Hallo und herzlich willkommen bei Blazing Deutsch, deinem täglichen Audio-Begleiter. Ich bin Lukas. Hier lernst du Deutsch ganz entspannt, und zwar mitten aus dem Leben, durch spannende Geschichten aus der deutschen Kultur und Geschichte. Diese Woche reisen wir gemeinsam durch die Geschichte Deutschlands. Heute schauen wir uns eine Epoche an, die das Land und die ganze Welt für immer geprägt und neu geformt hat. Es geht um einen einfachen Mann, der sich mit den mächtigsten Menschen seiner Zeit anlegte. Wir sprechen heute über Martin Luther und die Reformation.

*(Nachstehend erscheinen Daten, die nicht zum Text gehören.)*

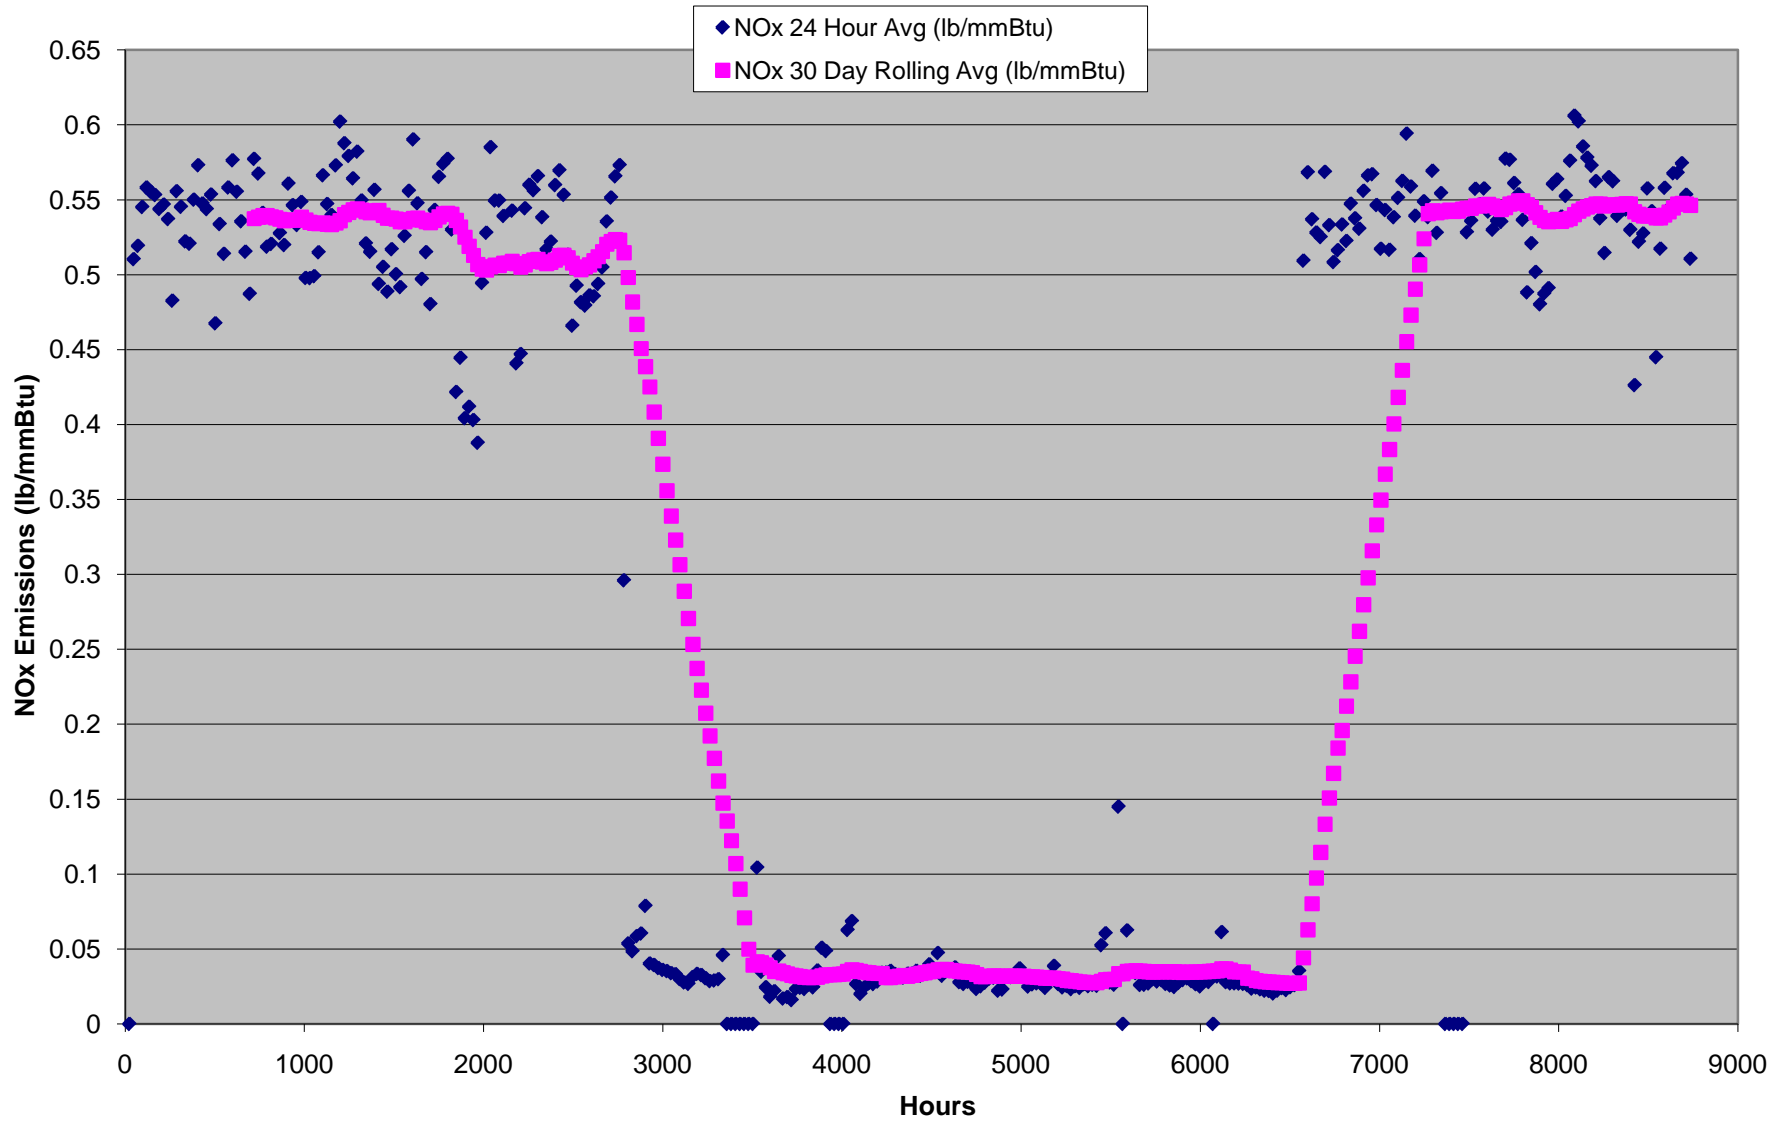

John Amos 2 '06 NOx Specific Emissions
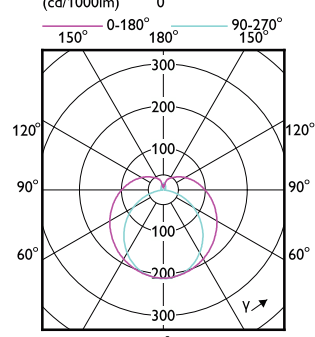

MASTER LEDtube T8
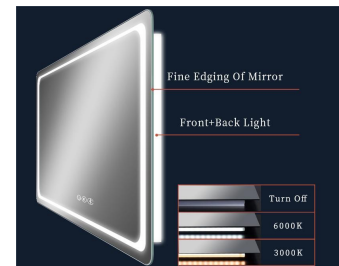

5mm HD Copper-free Silver mirror with LED lighting
 10mm Right angle Edge with 30mm Luminous Ring
 Color-changing of the LED Strips is 3000K-6000K
 Customized Services: Logo, Size, Optional Functions, etc...

HE18-2

F

B

HE18-3

F

B

5mm HD Copper-free Silver mirror with LED lighting
Color-changing of the LED Strips is 3000K-6000K
Customized Services:Logo, Size, Optional Functions,etc.
40mm(lengths)30mm(widths) Round Corner Edge with 10mm(lengths)30mm(widths) Luminous Ring

HE18-4

F

B

5mm HD Copper-free Silver mirror with LED lighting
Color-changing of the LED Strips is 3000K-6000K
Customized Services: Logo, Size, Optional Functions, etc.
40mm Right Angle Edge with 30mm Round Corner Luminous Ring
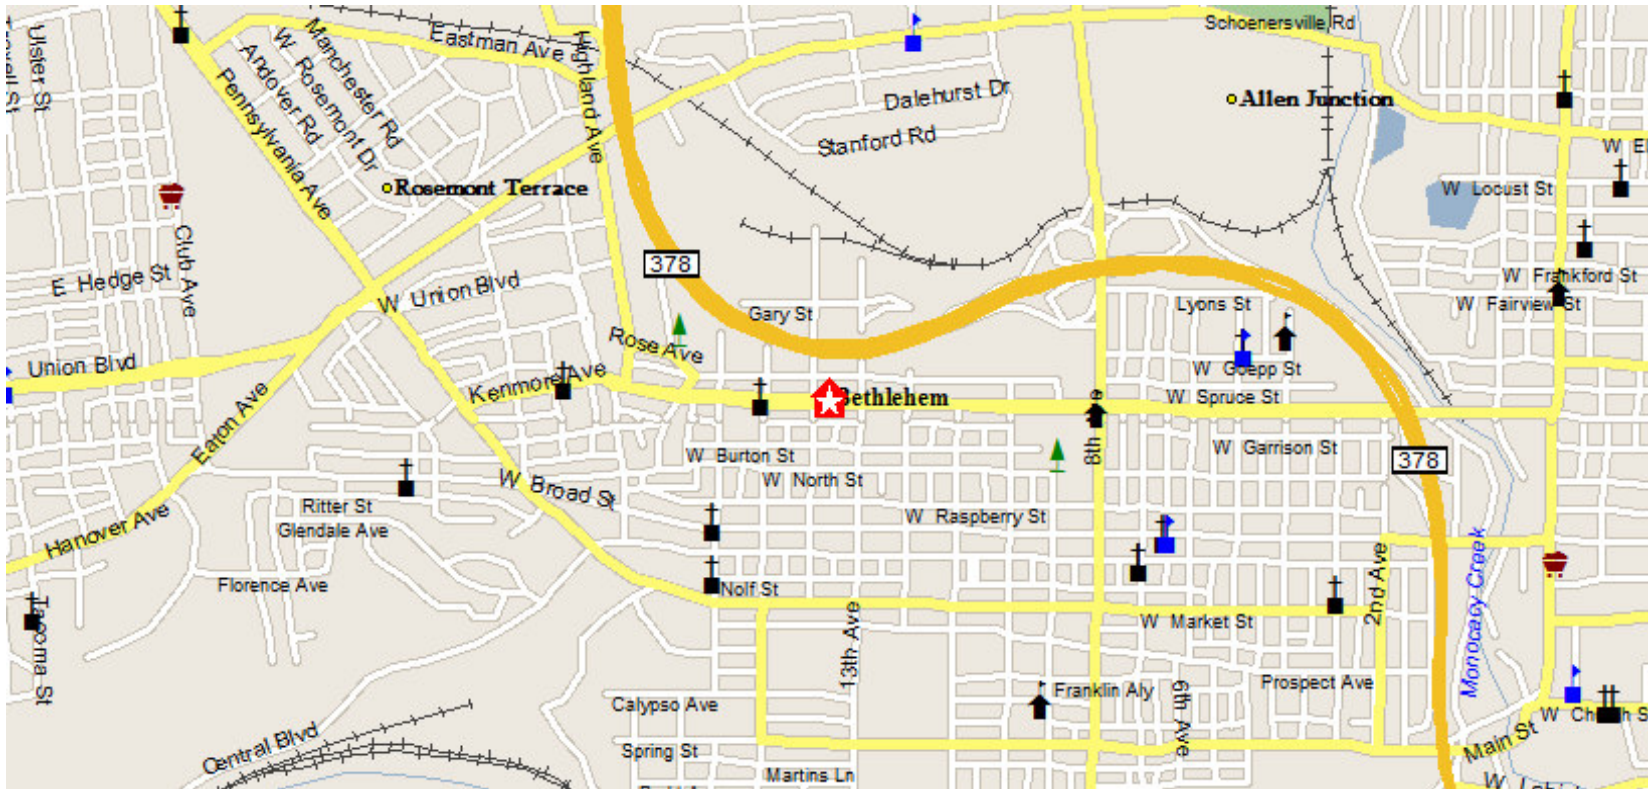

BETHLEHEM, CITY OF (LEHIGH COUNTY), PA

Area Facts

Bethlehem, City of (Lehigh County)

Prepared by RE/MAX Real Estate

Income For City of Bethlehem

Population For City of Bethlehem

Age Breakdown For City of Bethlehem Average Age = 34.2 Years
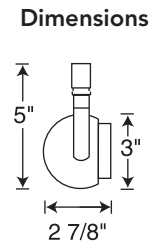

Geometrics

The timeless simplicity of cones and spheres. Choose the MR16 Cone series for a more sophisticated design statement or MR16 Orb fixtures for a balanced, consistent appearance regardless of aiming angle.

Cone

Catalog #
TL160WH
TL160BL
TL160SL

Finish
White
Black
Silver

Lamp
12V or 24V
20-50W MR16

Orb

Catalog #
TL165WH
TL165BL
TL165SL

Finish
White
Black
Silver

Lamp
12V or 24V
20-50W MR16

Slant Cylinder

A simple, solid form, this unique stepped cylinder adds a subtle hint of design into applications that call for a fully enclosed lamp.

Catalog #
TL109WH
TL109BL

Finish
White
Black

Lamp
12V or 24V
20-50W MR16

Light Control Accessories

For Fixtures:	TL160	TL165	TL109
Color Filters	T551-5	T551-5	T551-5
Dichroic Lenses	T5501-18	T5501-18	T5501-18
UV Filter	T5522	T5522	T5522
Uniformity Lens	T5521	T5521	T5521
Diffuse Spread Lens	T5520	T5520	T5520
Linear Spread Lens	T559	T559	T559
Prismatic Spread Lens	T557	T557	T557
Hexcell Louver	T5559BL	-	T5559BL
Black Snoot	T558BL	-	T558BL
Black Eyebrow	-	-	T556BL
Black Barn Doors	-	-	T74BL
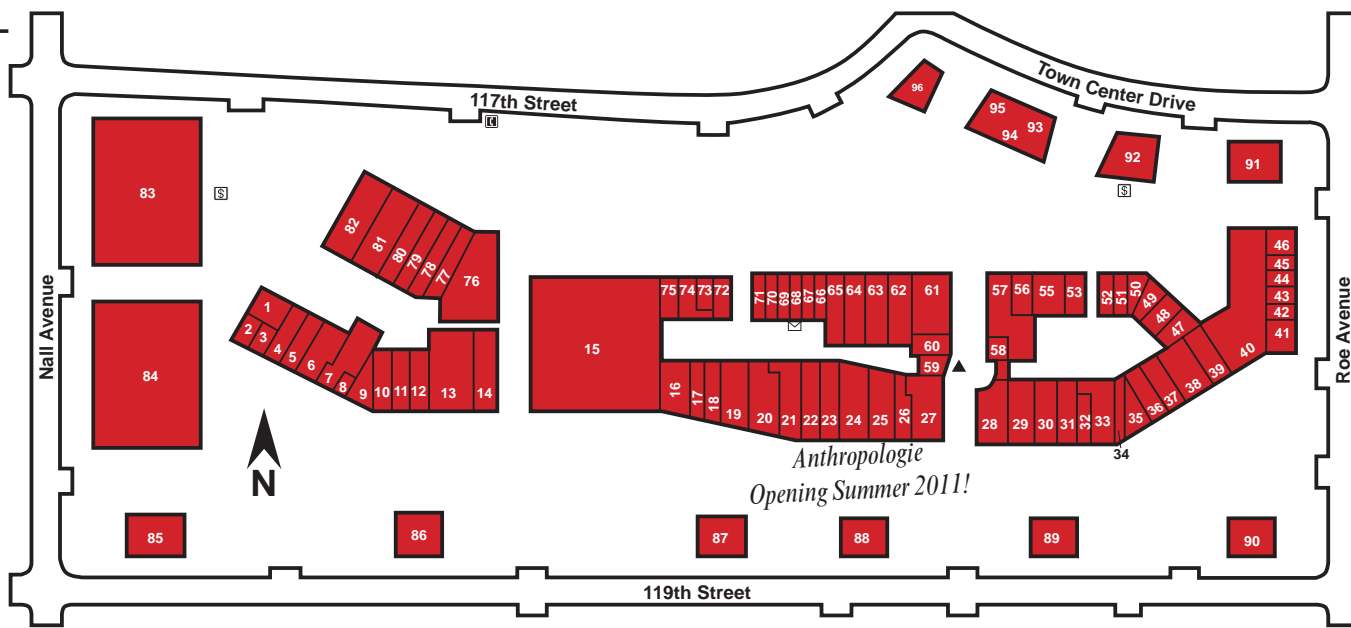

Name	Location	Phone
<b>Apparel for Women</b>		
Macy's	15	913-563-3996
New York & Company	63	913-327-7834
PacSun	80	913-317-8303
Soma Intimates	22	913-317-8566
Standard Style Boutique	16	913-317-8828
Victoria's Secret Beauty Company	24	913-663-4280
Wet Seal	79	913-469-6490
The White House/Black Market	4	913-451-7748
<b>Books, Cards, and Stationery</b>		
Anthropologie	24 & 25	
Barnes & Noble	40	913-491-4535
<b>Department Store</b>		
Macy's	15	913-563-3996
<b>Dining</b>		
810 Sports Zone	89	913-469-9663
Amore Chocolate Pizza Company	49	913-327-1400
Barnes & Noble Café	40	913-491-4535
Bravo! Cucina Italiana	61	913-661-9207
Bristol Bar & Grill	85	913-663-5777
Dean & DeLuca	90	913-498-3131
Hereford House	96	913-327-0800
Houlihan's	88	913-663-2161
On The Border	86	913-327-0400
Panera Bread Bakery & Café	1	913-327-1800
Sushi House	68	913-663-3333
<b>Entertainment</b>		
AMC Town Center 20 Theatres	83	913-498-8696
Box Office		913-498-8696
Movie Line		888-262-4386
Dick's Sporting Goods	84	913-661-0200
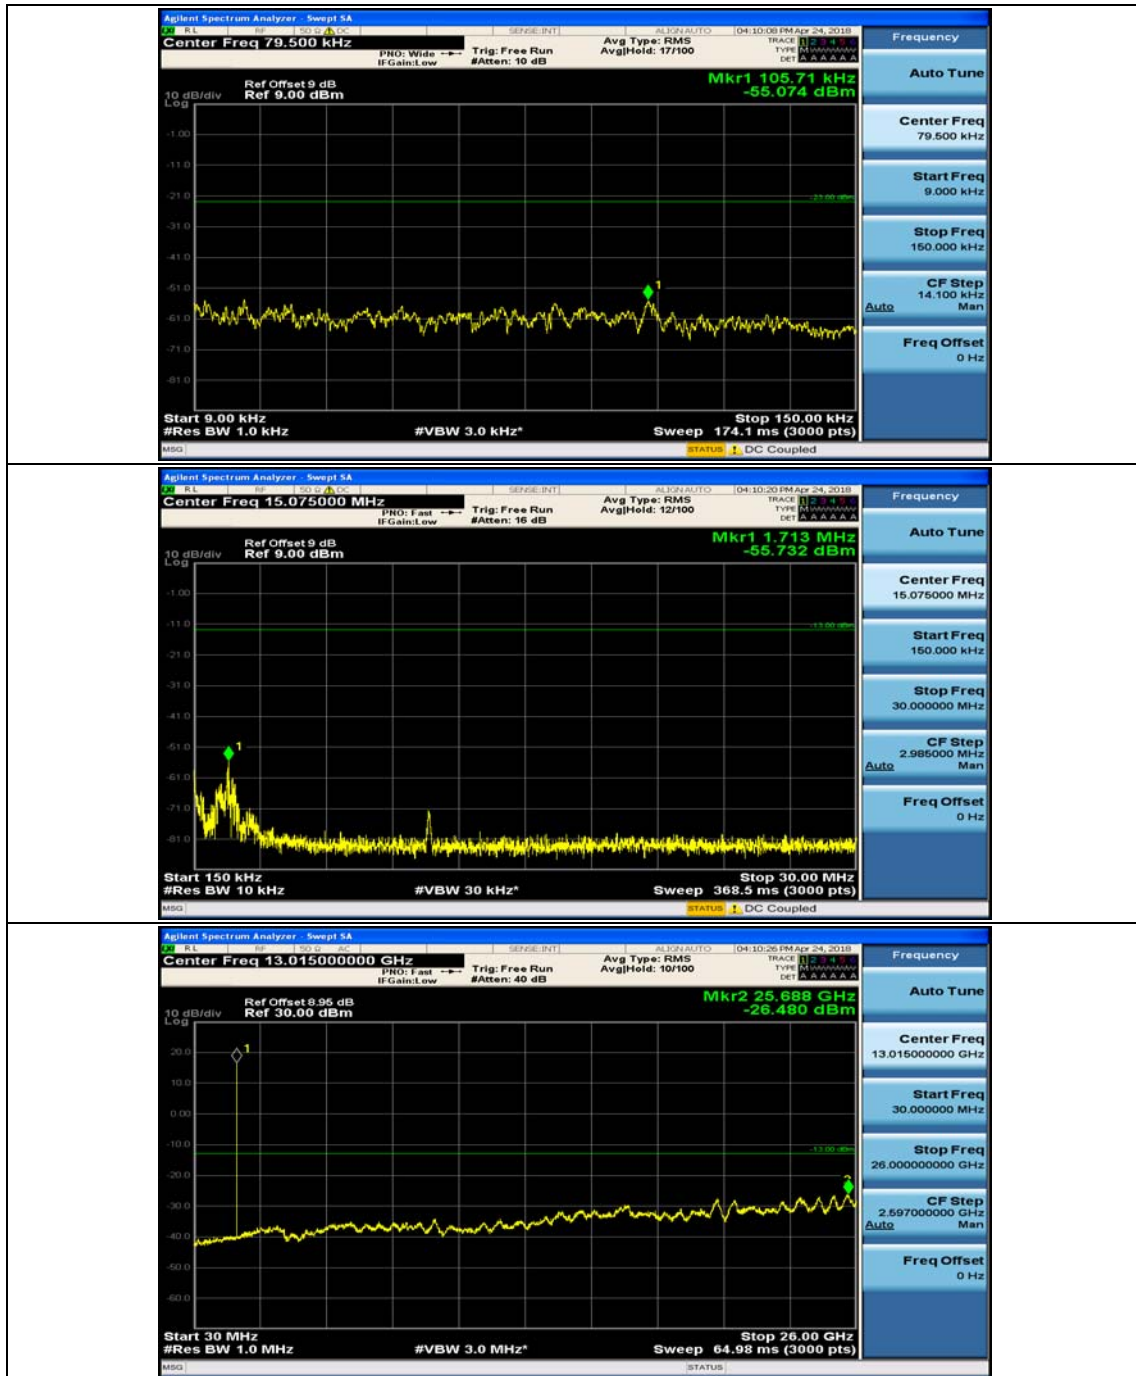

Channel Bandwidth: 5 MHz

(Channel Bandwidth: 5 MHz)_MCH_QPSK_1RB#0

(Channel Bandwidth: 5 MHz)_MCH_QPSK_1RB#12

(Channel Bandwidth: 5 MHz)_HCH_QPSK_1RB#0

(Channel Bandwidth: 5 MHz)_HCH_QPSK_1RB#12

(Channel Bandwidth: 5 MHz)_LCH_16QAM_1RB#0

(Channel Bandwidth: 5 MHz)_LCH_16QAM_1RB#12

(Channel Bandwidth: 5 MHz)_MCH_16QAM_1RB#0

(Channel Bandwidth: 5 MHz)_MCH_16QAM_1RB#12

(Channel Bandwidth: 5 MHz)_HCH_16QAM_1RB#0

(Channel Bandwidth: 5 MHz)_HCH_16QAM_1RB#12
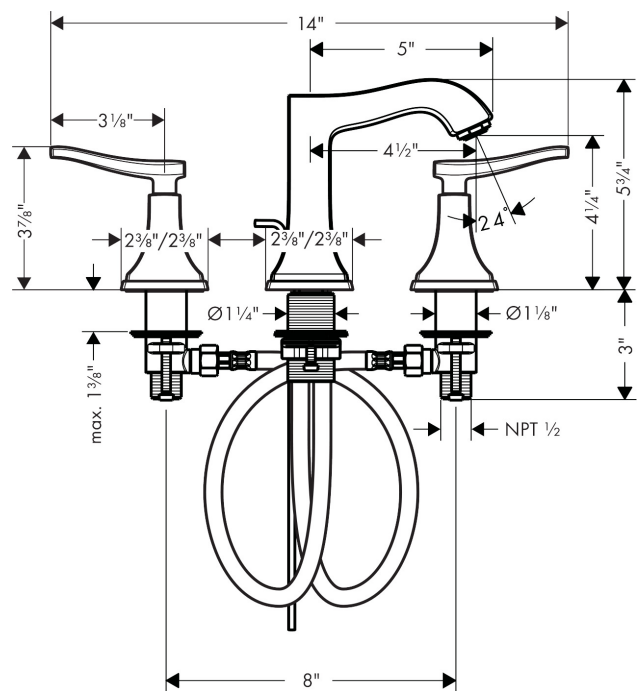

Brand	hansgrohe
Art. Name	<b>Metropol Classic</b> Widespread Faucet 110 with Lever Handles and Pop-Up Drain, 1.2 GPM
Art. Nr.	31330671
Surface	matte black
Pos.	1

## Product Picture

## Drawing

## Features

- Spray modes: Aerated spray
- Flow: 1.2 GPM (4.5 L/Min)
- 90° ceramic valves
- Includes pop-up drain
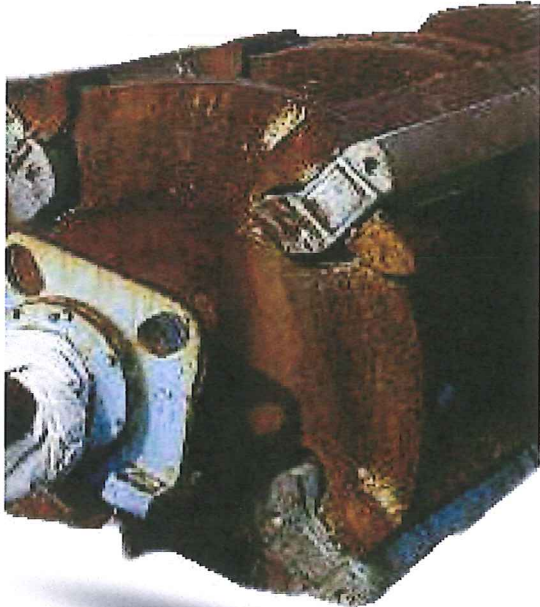

## (RRP)

- Replacement rotor Assemblies - for Eagle, Sandvik, Kleemann, Hazemag, Metso, Terex Finlay - Cedarapids - Pegson, Universal, Stedman, Astec -KPI-JCI - Telsmith, Weir/Trio, Lippmann - Kurtz Impact crushers, and many more.
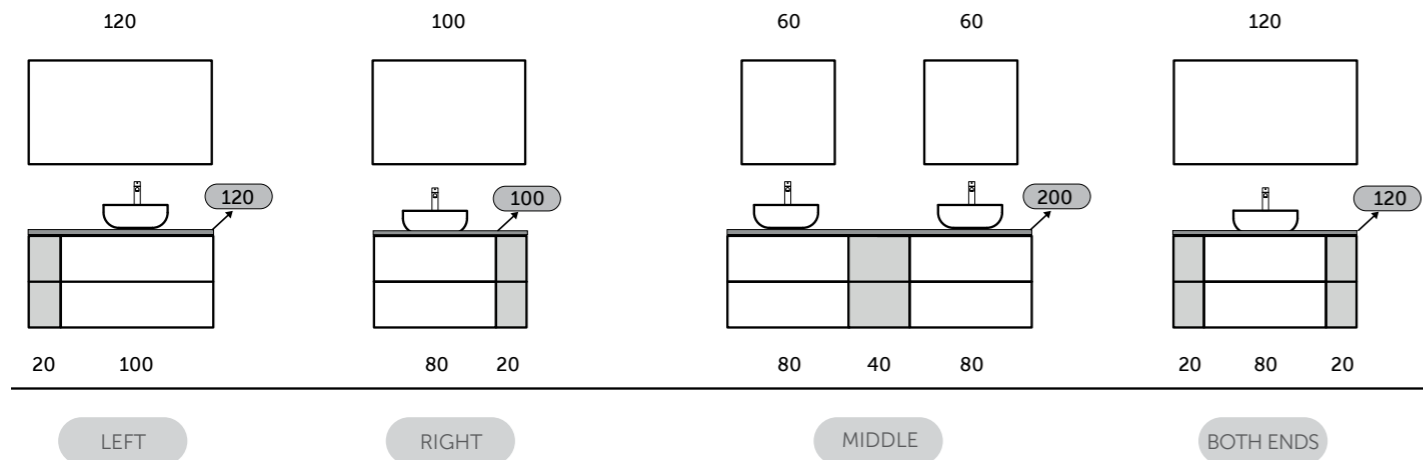

WITH RAK-PLANO SURFACE AND COUNTERTOP WASHBASINS
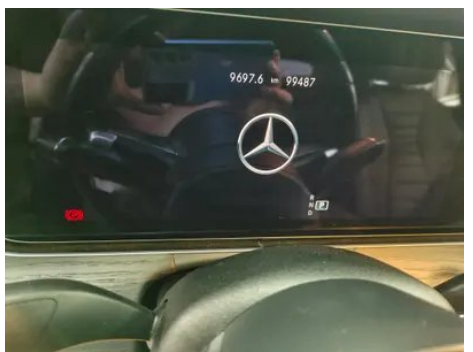

Vehicle Detail Report

Mercedes-Benz E-Class 2021 Restyling E 260 L sports car

Basic Information

Brand	Mercedes-Benz
Mileage	99,000 km
Color	Black
First Registration	2022-01-01
Transfer Count	0

Vehicle Images

Vehicle Condition

1. Driver's seat rails and frame, Signs of removal. 2. Front passenger seat rails and frame, Signs of removal.

Configuration Information

Model Information

Model Name	Mercedes-Benz E-Class 2021 Restyling E 260 L
Launch Date	2021.03

Bevor wir in diese spannende Geschichte eintauchen, möchte ich dir fünf wichtige Wörter vorstellen, die du heute in dieser Folge hören wirst. Achte mal darauf, wenn sie gleich in der Geschichte vorkommen. Das erste Wort ist die These. Dann haben wir das Wort der Buchdruck. Als drittes Wort hören wir heute übersetzen. Das vierte Wort heißt die Spaltung. Und als fünftes Wort haben wir das Verb verändern. Diese Wörter helfen uns gleich, die Geschichte von Martin Luther richtig gut zu verstehen.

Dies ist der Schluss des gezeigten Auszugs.